▸ **Aim of the task**
As the answer, set down the lines below from the one containing "### Specificaties" through the one containing "Lumenoutput per lampunit", exactly and inclusively, and no others.

Items listed in a dataset:
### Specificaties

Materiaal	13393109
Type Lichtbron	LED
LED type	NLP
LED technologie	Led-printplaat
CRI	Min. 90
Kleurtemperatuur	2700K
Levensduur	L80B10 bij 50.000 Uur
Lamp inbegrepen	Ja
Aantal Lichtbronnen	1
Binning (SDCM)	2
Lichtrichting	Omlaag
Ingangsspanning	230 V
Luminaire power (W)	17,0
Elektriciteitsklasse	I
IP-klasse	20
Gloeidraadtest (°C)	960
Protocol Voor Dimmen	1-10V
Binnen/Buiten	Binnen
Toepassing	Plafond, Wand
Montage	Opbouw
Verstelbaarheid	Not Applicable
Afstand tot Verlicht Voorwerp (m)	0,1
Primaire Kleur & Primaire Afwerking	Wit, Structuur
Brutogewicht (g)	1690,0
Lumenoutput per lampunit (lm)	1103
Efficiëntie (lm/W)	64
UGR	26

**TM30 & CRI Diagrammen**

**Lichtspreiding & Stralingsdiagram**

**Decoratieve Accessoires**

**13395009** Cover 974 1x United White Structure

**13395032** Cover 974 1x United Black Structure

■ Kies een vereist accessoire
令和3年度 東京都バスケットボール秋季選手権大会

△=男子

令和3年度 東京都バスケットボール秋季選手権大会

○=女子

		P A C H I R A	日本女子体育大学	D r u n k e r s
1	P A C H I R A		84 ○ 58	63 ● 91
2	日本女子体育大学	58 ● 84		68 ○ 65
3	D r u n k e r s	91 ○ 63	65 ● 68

==

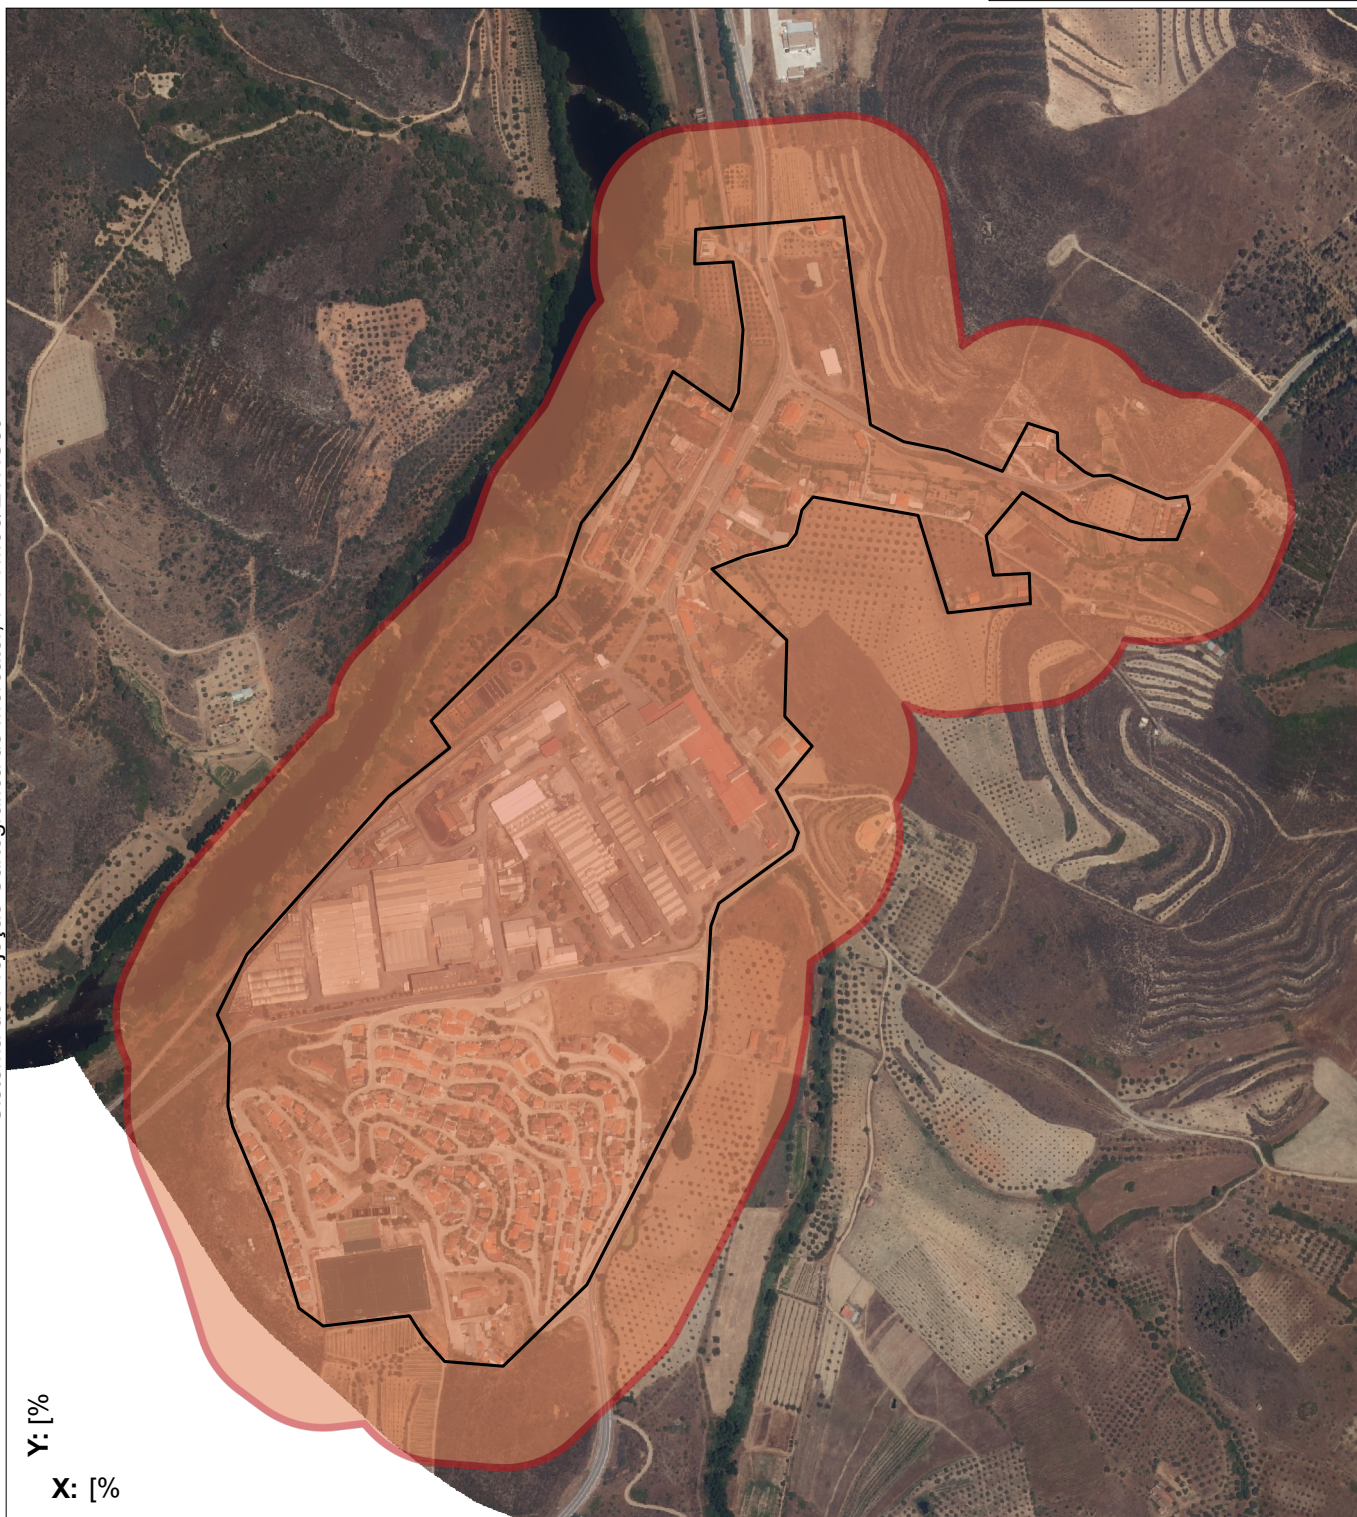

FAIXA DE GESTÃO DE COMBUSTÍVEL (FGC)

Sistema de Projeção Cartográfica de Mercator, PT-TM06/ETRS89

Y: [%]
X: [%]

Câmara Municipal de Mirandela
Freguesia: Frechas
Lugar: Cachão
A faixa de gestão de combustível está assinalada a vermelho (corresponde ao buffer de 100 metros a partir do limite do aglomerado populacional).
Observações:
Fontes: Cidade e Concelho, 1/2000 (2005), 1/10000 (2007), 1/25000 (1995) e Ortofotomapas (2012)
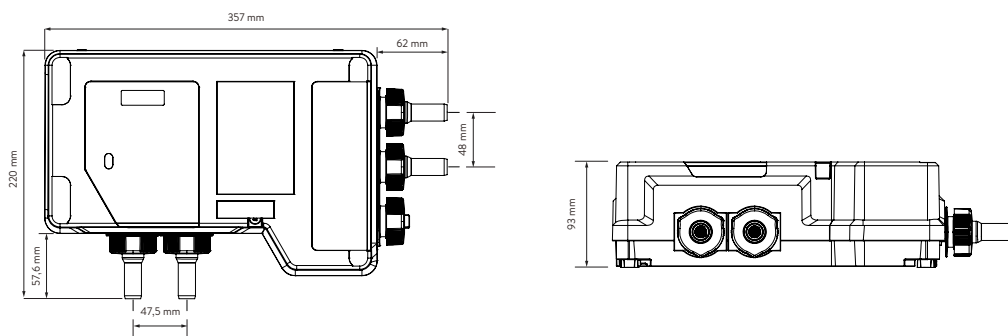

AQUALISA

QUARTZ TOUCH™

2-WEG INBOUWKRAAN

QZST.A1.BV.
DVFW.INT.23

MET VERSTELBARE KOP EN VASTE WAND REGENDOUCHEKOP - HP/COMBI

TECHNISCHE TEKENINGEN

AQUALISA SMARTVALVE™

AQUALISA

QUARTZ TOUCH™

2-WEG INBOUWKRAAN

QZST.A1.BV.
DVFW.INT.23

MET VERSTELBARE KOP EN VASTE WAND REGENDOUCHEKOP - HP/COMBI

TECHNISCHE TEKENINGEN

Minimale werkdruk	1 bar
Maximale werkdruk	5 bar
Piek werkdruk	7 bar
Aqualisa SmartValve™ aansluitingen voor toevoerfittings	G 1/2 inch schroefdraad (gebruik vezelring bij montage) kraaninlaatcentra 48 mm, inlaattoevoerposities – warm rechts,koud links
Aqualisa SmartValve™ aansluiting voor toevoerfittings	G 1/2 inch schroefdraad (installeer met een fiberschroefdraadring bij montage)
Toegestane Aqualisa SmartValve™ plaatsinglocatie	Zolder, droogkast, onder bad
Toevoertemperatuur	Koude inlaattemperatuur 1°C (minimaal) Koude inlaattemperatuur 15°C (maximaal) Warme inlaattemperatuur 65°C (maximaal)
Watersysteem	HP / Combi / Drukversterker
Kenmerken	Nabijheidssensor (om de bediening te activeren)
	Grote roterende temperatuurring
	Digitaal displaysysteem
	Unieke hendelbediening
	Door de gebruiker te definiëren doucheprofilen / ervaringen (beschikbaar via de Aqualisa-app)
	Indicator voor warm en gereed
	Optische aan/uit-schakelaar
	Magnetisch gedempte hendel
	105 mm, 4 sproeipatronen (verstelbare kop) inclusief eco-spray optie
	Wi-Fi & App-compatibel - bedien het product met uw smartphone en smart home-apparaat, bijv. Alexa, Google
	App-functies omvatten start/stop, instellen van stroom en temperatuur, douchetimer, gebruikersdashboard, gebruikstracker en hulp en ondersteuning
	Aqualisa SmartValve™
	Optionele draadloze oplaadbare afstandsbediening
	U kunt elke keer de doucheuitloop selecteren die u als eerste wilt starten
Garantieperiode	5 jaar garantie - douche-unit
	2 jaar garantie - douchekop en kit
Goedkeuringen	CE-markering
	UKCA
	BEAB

▸ **Result**
### Specificaties

Materiaal	13393109
Type Lichtbron	LED
LED type	NLP
LED technologie	Led-printplaat
CRI	Min. 90
Kleurtemperatuur	2700K
Levensduur	L80B10 bij 50.000 Uur
Lamp inbegrepen	Ja
Aantal Lichtbronnen	1
Binning (SDCM)	2
Lichtrichting	Omlaag
Ingangsspanning	230 V
Luminaire power (W)	17,0
Elektriciteitsklasse	I
IP-klasse	20
Gloeidraadtest (°C)	960
Protocol Voor Dimmen	1-10V
Binnen/Buiten	Binnen
Toepassing	Plafond, Wand
Montage	Opbouw
Verstelbaarheid	Not Applicable
Afstand tot Verlicht Voorwerp (m)	0,1
Primaire Kleur & Primaire Afwerking	Wit, Structuur
Brutogewicht (g)	1690,0
Lumenoutput per lampunit (lm)	1103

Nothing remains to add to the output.